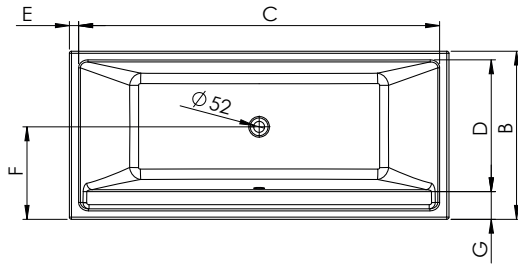

TONO

designed by Foster + Partners

mm	A	B	C	D	E	F	G
1700 x 700	1700	700	1600	510	50	390	140
1800 x 800	1800	800	1700	610	50	440	140
1900 x 900	1900	900	1820	730	40	495	130

mm	A	B	C	D	E	F	I
1700 x 700	700	1700	610	465	250	350	220
1800 x 800	800	1800	610	535	250	400	220
1900 x 900	900	1900	610	600	250	450	220

170X70 · 47H

bathtub, built-in, without brassware, rectangular 170x70, built-in version, center bath waste, 4mm sanitary acrylic.
baignoire sans équipement électronique, à encastrer, sans robinetterie, 170x70 forme rectangulaire, version pour encastrer, vidange central, 4mm acrylique sanitaire.

	L 130 cm. W 85 cm. H 190 cm.	1.85 m³		178 l.	(1)	BA SIC		MARCH	NEW®	100229313 N710001490		glossy white blanc brillant		22.0		155.0		15	642,00 €
					(2)			NEW®	100238479 N710001549		glossy white blanc brillant		30.0		50.0		1	2.286,00 €	

180X80 · 47H

bathtub, built-in, without brassware, rectangular 180x80, built-in version, center bath waste, 4mm sanitary acrylic.
baignoire sans équipement électronique, à encastrer, sans robinetterie, 180x80 forme rectangulaire, version pour encastrer, vidange central, 4mm acrylique sanitaire.

	L 130 cm. W 85 cm. H 200 cm.	2.21 m³		247 l.	(1)	BA SIC		MARCH	NEW®	100229312 N710001488		glossy white blanc brillant		26.0		115.0		15	685,00 €
					(2)			NEW®	100238488 N710001548		glossy white blanc brillant		34.0		54.0		1	2.406,00 €	

190X90 · 47H

bathtub, built-in, without brassware, rectangular 190x90, built-in version, center bath waste, 4mm sanitary acrylic.
baignoire sans équipement électronique, à encastrer, sans robinetterie, 190x90 forme rectangulaire, version pour encastrer, vidange central, 4mm acrylique sanitaire.

	L 190 cm. W 95 cm. H 210 cm.	3.79 m³		315 l.	(1)	BA SIC		NEW®	100229302 N710001489		glossy white blanc brillant		49.0		119.0		6	764,00 €
					(2)			NEW®	100238530 N710001547		glossy white blanc brillant		57.0		77.0		1	2.551,00 €

⁽¹⁾ Bath waste not included • Vidage non inclus

⁽²⁾ It includes a drain with a filling pipe and an anti-drip system • Il comprend un drain avec un tuyau de remplissage et un système anti-goutte
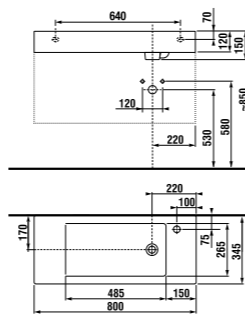

раковина 80 см

Артикул	Описание
8.1342.3.xxx.106.1	раковина 80 см, отверстие для смесителя справа*

* выравнивающая паста включена в комплект
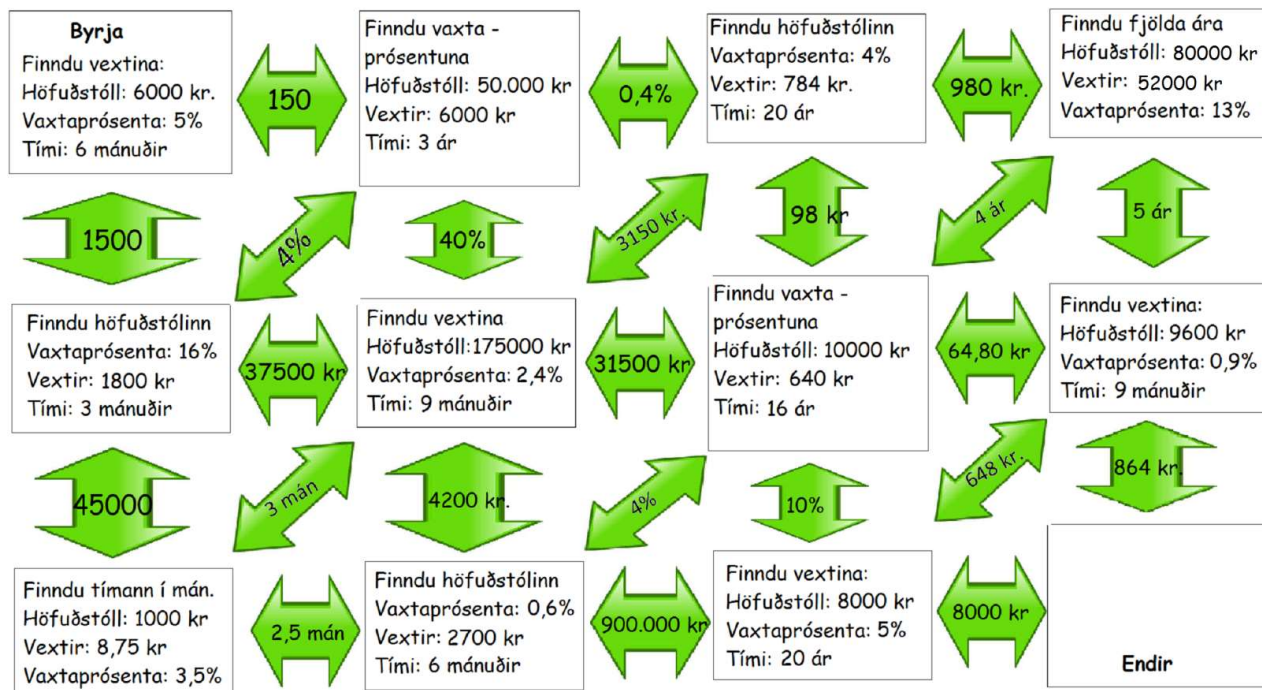

Varmánskóli, Ásta Benediktsdóttir

Vaxtareikningur

Vaxtareikningur – völundarhús vaxta

- Verkefnablað – völundarhús vaxta.
- Finndu rétta leið gegnum völundarhús vaxta.
- Sýndu útreikninga þegar þú velur leið.
- Allt sett í möppu.

Völundahús vaxtanna

Sum boxin eru ekki notuð

Sýndu rétta leið. Þú verður að sýna alla útreikninga á þeirri leið sem þú velur. Ekki er gert ráð fyrir vaxtavöxtum.

The task
Pictures are to be excluded; the records themselves are to be reproduced exactly.

Written response
TONO

designed by Foster + Partners

mm	A	B	C	D	E	F	G
1700 x 700	1700	700	1600	510	50	390	140
1800 x 800	1800	800	1700	610	50	440	140
1900 x 900	1900	900	1820	730	40	495	130

mm	A	B	C	D	E	F	I
1700 x 700	700	1700	610	465	250	350	220
1800 x 800	800	1800	610	535	250	400	220
1900 x 900	900	1900	610	600	250	450	220

170X70 · 47H

bathtub, built-in, without brassware, rectangular 170x70, built-in version, center bath waste, 4mm sanitary acrylic.
baignoire sans équipement électronique, à encastrer, sans robinetterie, 170x70 forme rectangulaire, version pour encastrer, vidange central, 4mm acrylique sanitaire.

	L 130 cm. W 85 cm. H 190 cm.	1.85 m³		178 l.	(1)	BA SIC		MARCH	NEW®	100229313 N710001490		glossy white blanc brillant		22.0		155.0		15	642,00 €
					(2)			NEW®	100238479 N710001549		glossy white blanc brillant		30.0		50.0		1	2.286,00 €	

180X80 · 47H

bathtub, built-in, without brassware, rectangular 180x80, built-in version, center bath waste, 4mm sanitary acrylic.
baignoire sans équipement électronique, à encastrer, sans robinetterie, 180x80 forme rectangulaire, version pour encastrer, vidange central, 4mm acrylique sanitaire.

	L 130 cm. W 85 cm. H 200 cm.	2.21 m³		247 l.	(1)	BA SIC		MARCH	NEW®	100229312 N710001488		glossy white blanc brillant		26.0		115.0		15	685,00 €
					(2)			NEW®	100238488 N710001548		glossy white blanc brillant		34.0		54.0		1	2.406,00 €	

190X90 · 47H

bathtub, built-in, without brassware, rectangular 190x90, built-in version, center bath waste, 4mm sanitary acrylic.
baignoire sans équipement électronique, à encastrer, sans robinetterie, 190x90 forme rectangulaire, version pour encastrer, vidange central, 4mm acrylique sanitaire.

	L 190 cm. W 95 cm. H 210 cm.	3.79 m³		315 l.	(1)	BA SIC		NEW®	100229302 N710001489		glossy white blanc brillant		49.0		119.0		6	764,00 €
					(2)			NEW®	100238530 N710001547		glossy white blanc brillant		57.0		77.0		1	2.551,00 €

⁽¹⁾ Bath waste not included • Vidage non inclus

⁽²⁾ It includes a drain with a filling pipe and an anti-drip system • Il comprend un drain avec un tuyau de remplissage et un système anti-goutte

раковина 80 см

Артикул	Описание
8.1342.3.xxx.106.1	раковина 80 см, отверстие для смесителя справа*

* выравнивающая паста включена в комплект

Varmánskóli, Ásta Benediktsdóttir

Vaxtareikningur

Vaxtareikningur – völundarhús vaxta

- Verkefnablað – völundarhús vaxta.
- Finndu rétta leið gegnum völundarhús vaxta.
- Sýndu útreikninga þegar þú velur leið.
- Allt sett í möppu.

Völundahús vaxtanna

Sum boxin eru ekki notuð

Sýndu rétta leið. Þú verður að sýna alla útreikninga á þeirri leið sem þú velur. Ekki er gert ráð fyrir vaxtavöxtum.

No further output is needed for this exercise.